§ Source data
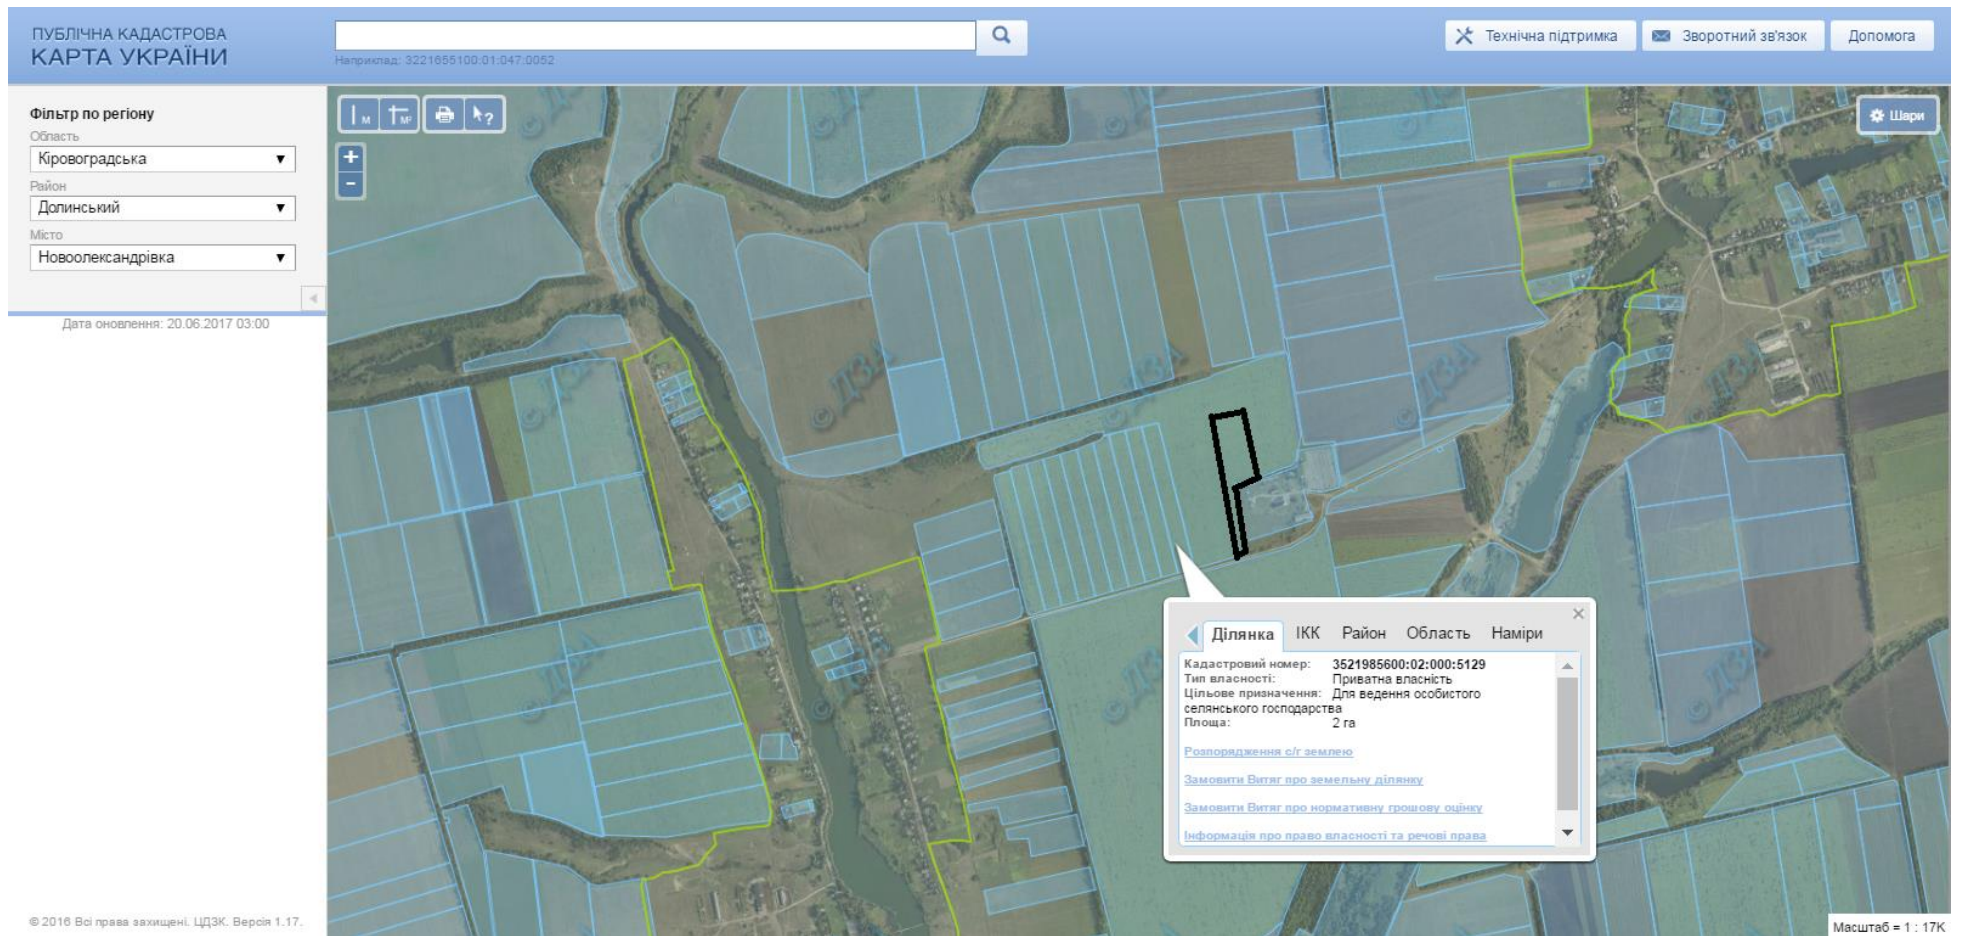

Викопіювання
з планово-картографічного матеріалу на території Новоолександрівської сільської ради Долинського району
Кіровоградської області місця розташування земельної ділянки орієнтовною площею 2,00 га, яка може бути
запропонована для передачі громадянам

Цільове призначення	Планується для ведення особистого селянського господарства
Кадастровий номер	
Агровиробничі групи ґрунтів	65 л, 66 л

 Місце розташування земельної ділянки

Викопіювання
з планово-картографічного матеріалу на території Новоолександрівської сільської ради Долинського району
Кіровоградської області місця розташування земельної ділянки орієнтовною площею 2,00 га, яка може бути
запропонована для передачі громадянам

§ What you are asked to do
Pictures are to be dropped, and every record is to be copied exactly.

§ Completed task
Викопіювання
з планово-картографічного матеріалу на території Новоолександрівської сільської ради Долинського району
Кіровоградської області місця розташування земельної ділянки орієнтовною площею 2,00 га, яка може бути
запропонована для передачі громадянам

Цільове призначення	Планується для ведення особистого селянського господарства
Кадастровий номер	
Агровиробничі групи ґрунтів	65 л, 66 л

 Місце розташування земельної ділянки

Викопіювання
з планово-картографічного матеріалу на території Новоолександрівської сільської ради Долинського району
Кіровоградської області місця розташування земельної ділянки орієнтовною площею 2,00 га, яка може бути
запропонована для передачі громадянам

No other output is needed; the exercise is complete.